どうせもう、グラントリノには少女との関係はバレているのだから、少女との距離がどれだけ近くとも関係ないだろう。というか、ちょっぴり見せびらかしたかったので、ここぞとばかりに私は少女と身体を密着させた。
「ありがとうございました!帰ったら直ぐにグラントリノに送りますね!」
「あ、できたら私にも送ってくれるかな?少女と二人で撮ったの初めてだからさ、私も持ってたいから」
「え!?あ、はい!分かりました」
「うん。それじゃあ待ってるから……気をつけて帰りなさいね」
「はい。遅くまでお邪魔してしまってすみませんでした。また学校で」
せっかくだから自分もその写真が欲しいと頼み、玄関先で少女を見送っていたのだが、人通りはそれなりにあるが、明るい時間に比べればかなり少なく少女の帰り道は不用心だ。最近は敵の出現も増えていて、治安も悪化している。
少女を心配する気持ち六割。
離れがたい気持ち三割。
轟少年に張り合う気持ち一割。
「……(ジッー)」
「八木さん?」
「ねぇ、緑谷少女。本当に送って行かなくて平気?おじさん送って行きたいんだけど……」
「八木さんはおじさんじゃありません!ってばもう〜!!後、ちゃんと一人で帰れますから大丈夫です!」
グルグルする複数の気持ちを集約して、確認がてら再度申し出た提案は、すっぱりと少女に断られてしまった。
少女が提案を断った理由は、簡単に想像がつく。
大方、私に対する遠慮と気遣い。
気持ちは嬉しいが、それも過ぎれば距離を置かれているようで悲しくて寂しい。
だが、少女との関係は隠さなければいけないので、ここで私が一方的に感じる距離を、感情のままに強引に詰めるわけにもいかない。
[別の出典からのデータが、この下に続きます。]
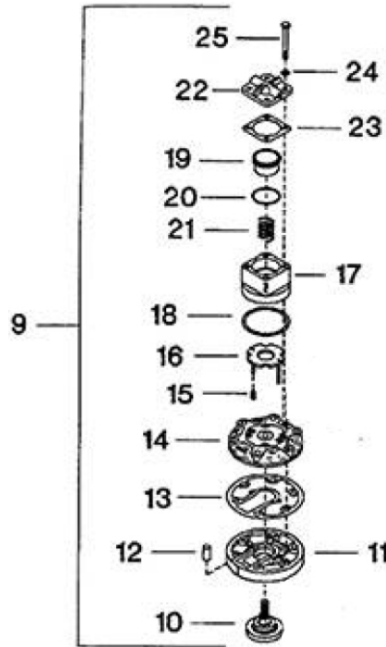

32226318 - ASSEMBLY AIRHEAD VALVE HP

No.	Description	Ref Part No.	QTY
2-9	Assembly Airhead Valve - High Pressure	32226318	-
2-10	- Valve, 35 - Complete	37004827	1
2-11	- Airhead, Bottom	32222705	1
2-12	- Dowel	37114030	1
2-13	- Gasket, Airhead - Top/Bottom	37007754	1
2-14	- Airhead, Top	32226177	1
2-15	- Spring, Unloader Pin	32012395	2
2-16	- Plate, Unloader - Complete	32016578	1
2-17	- Body, Unloader	37129889	1
2-18	- Gasket, Unloader Body	30294680	1
2-19	- Piston, Unloader	32222507	1
2-20	- O-Ring, Unloader Piston	32225468	1
2-21	- Spring, Unloader Piston	30416853	1
2-22	- Cover, Unloader	37129905	1
2-23	- Gasket, Unloader Cover	30294656	1
2-24	- Washer - M10	32225286	4
2-25	- Capscrew - M10 X 85	32225138	4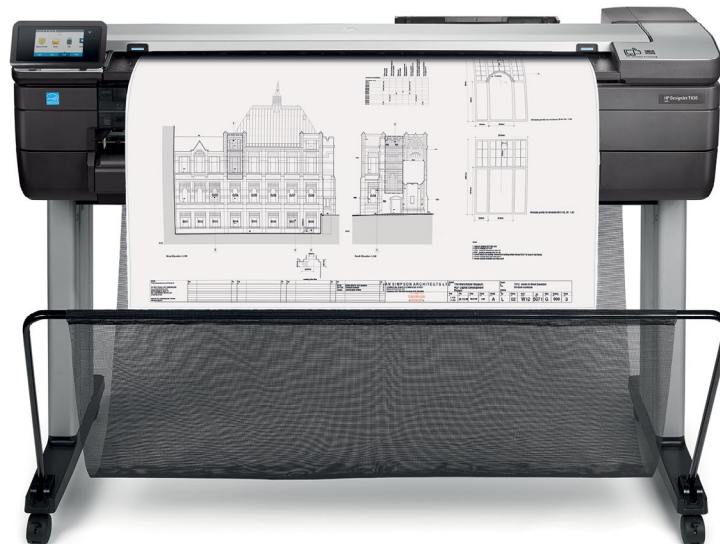

HP DesignJet T830 36-in Multifunction Printer

The smart choice for architecture and construction offices ready to evolve

Communicate more effectively—no learning curve needed—with print plus scan and copy capabilities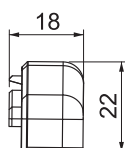

Technical data sheet

End piece SL ESli2050

Art.-Nr. 6132293

End piece (left) as a fitting for the skirting trunking.

PVC Polyvinylchloride

Additional product text, instruction For a clean end to the trunking system. For attaching to the trunking ends.

Master data

Item no.	6132293
Type	SL ESli2050 rws
Description 1	End piece left
Description 2	SL 20x50 9010
Colour	Pure white
RAL number	9010
Material	Polyvinylchloride
Material symbol	PVC
Smallest sales unit	10,00 Piece
Weight	0,50 kg/100 pc.

Technical data

Length	20,00 mm
Width	20,00 mm
Height	51,00 mm
Version	Left
Decoration	Without
Cover sealing lip	Without
Halogen-free	<input type="checkbox"/>
With carpet strip	<input type="checkbox"/>
Premarkings	<input type="checkbox"/>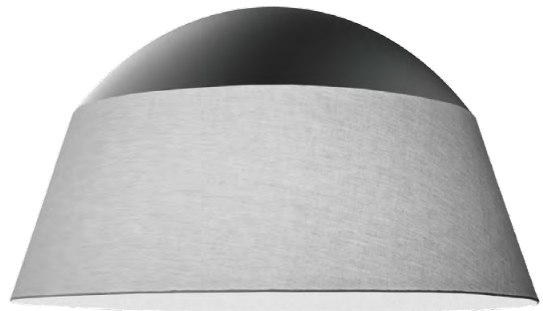

OVERSIZED METAL FABRIC SHADES

ANPlighting.com

ANPlighting

Made in U.S.A. | A Family-Owned Business Since 1985

OVERSIZED METALFABRIC SHADES

ANP Lighting introduces our Oversized MetalFabric shades. Constructed with a combination of spun metal and high-quality fabrics, these new pendant shades utilize the industry's most current LED solutions, with competitive prices and lead-time. Choose from our standard beige, black or gray fabrics or specify your own fabric. Spun metal available in a variety of color finishes.

FABRIC COLORS:

BEIGE

BLACK

GRAY

METALFABRIC DEEP DOME

Diameters: 22", 30", 36"

METALFABRIC SHALLOW DOME

Diameters: 24", 30", 36"

METALFABRIC PARABOWL

Diameters: 12", 20", 24"

METALFABRIC BULLET

Diameters: 24", 30", 36"

anplightinginc

anplighting

anp-lighting

anplighting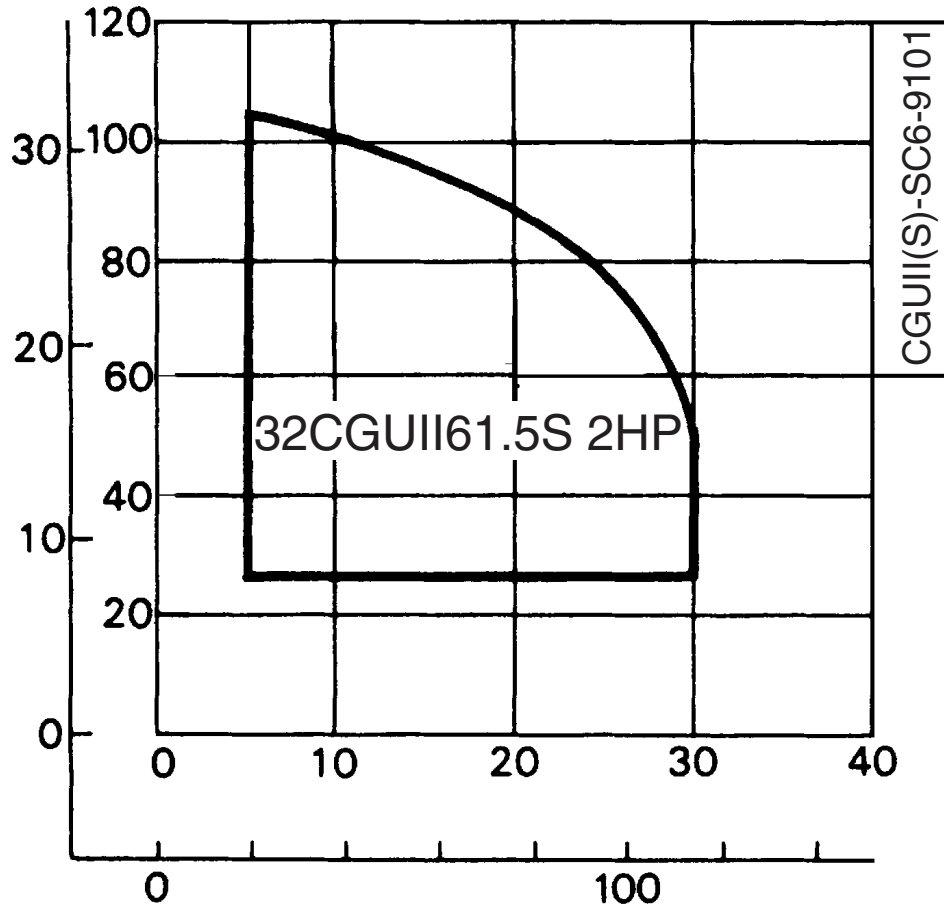

Single phase

Selection Chart
Single and Three Phase

32CGUI61.5S (2HP) Synchronous Speed: 3600 RPM
1 1/4 inch Discharge

32CGF61.5S 32CGFU61.5 (2HP) Synchronous Speed: 3600 RPM 1 1/4 inch Discharge

50CGF62.2S 50CGFU62.2 (3HP) Synchronous Speed: 3600 RPM 2 inch Discharge

50CGF63.7S 50CGFU63.7 (5HP) Synchronous Speed: 3600 RPM 2 inch Discharge
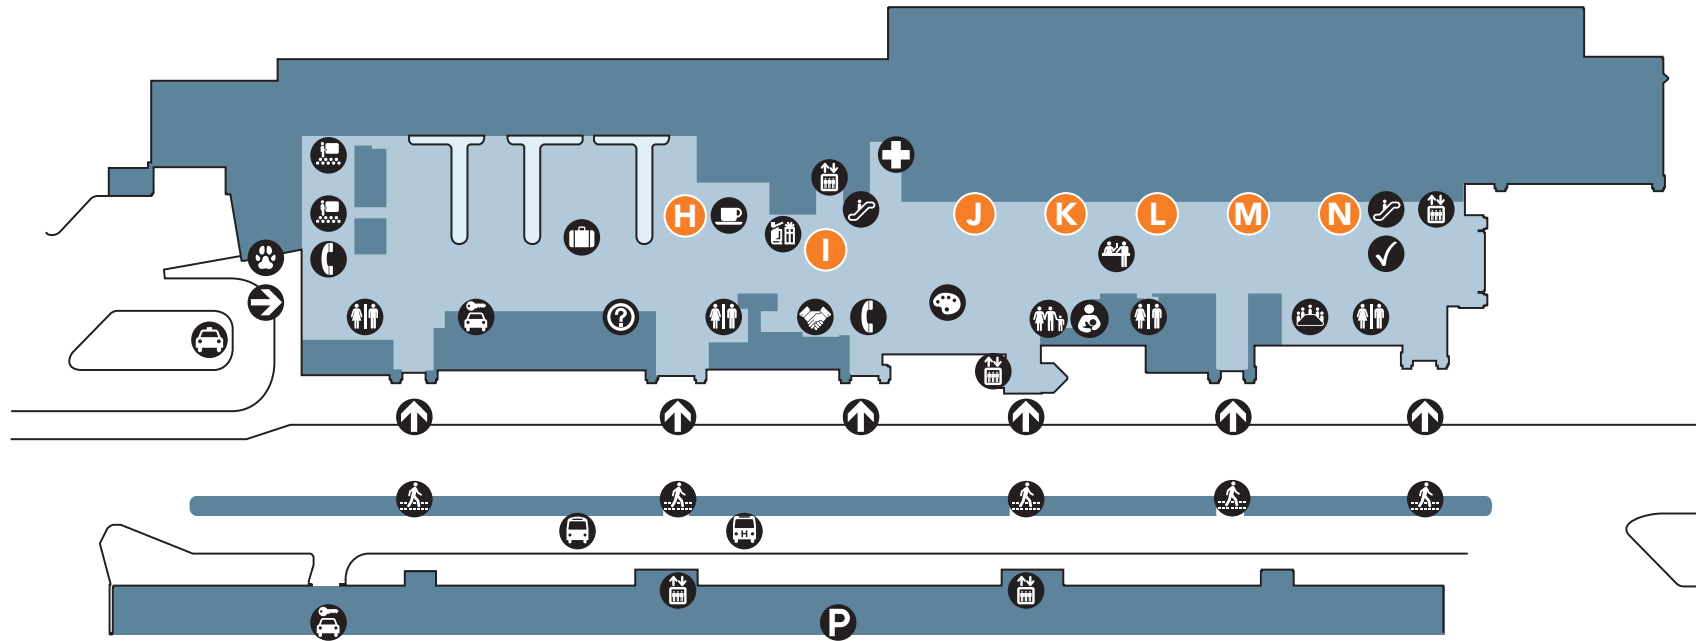

# Ticketing Level

## Legend

- |                    |                       |                                  |
|--------------------|-----------------------|----------------------------------|
| Art Court          | Gift Shop             | Robert B. Skuldt Conference Room |
| Baggage Claim      | Greeters Lounge       | Taxi                             |
| Bus Stop           | Hotel Shuttle         | Telephone                        |
| Car Rental         | Information           | Terminal Entry/Exit              |
| Coffee Bistro      | Meeting Room          | Ticketing                        |
| Elevator           | Parking Ramp          | TSA PreCheck                     |
| Escalator & Stairs | Pedestrian Crosswalk  |                                  |
| Family Lounge      | Pet Relief            |                                  |
| First Aid          | Restrooms (Men/Women) |                                  |

### Gift Shop

- I** Lake Country Travel Mart

### Ticketing

- J** Delta Air Lines  
**K** United Airlines  
**L** Frontier Airlines  
**M** American Airlines  
**N** Sun Country Airlines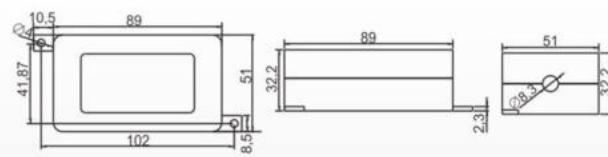

IP55  
Material:  
ABS

IP56  
Material:  
ABS

LED-1  
Material:  
PC  
SIZE:70x30x20mm

LED-2  
Material:  
PC  
SIZE:98x38x22mm

LED-3  
Material:  
PC  
SIZE:140x43x26mm

LED-5  
Material:  
PC  
SIZE:52x27x22mm

LED-6  
Material:  
PC  
SIZE:63.5x38.5x25.2mm

LED-7  
Material:  
PC  
SIZE:89x50.5x32mm

LED-9  
Material:  
PC  
SIZE:64x30x23mm

LED-12  
Material:  
PC  
SIZE:80x32x22.5mm

LED-12A  
Material:  
PC  
SIZE:88x39x22.5mm

だから私は、寂しげな少女の笑顔に気付かないフリをして、少女と同じように、感じるやるせなさを笑顔で隠すしかなかった。
少女の居なくなった、一人暮らしの部屋の中。感じる物寂しさを誤魔化すように、コーヒー片手に向かったのは寝室のベットサイド。少女が凭れるように眠っていた箇所に腰を下ろし、少女の寝顔を思い返せば、薄っすらとだが、少女の気配が残っているように感じた。
温かく落ち着く……あの、不思議な気配に、包まれたような気がした。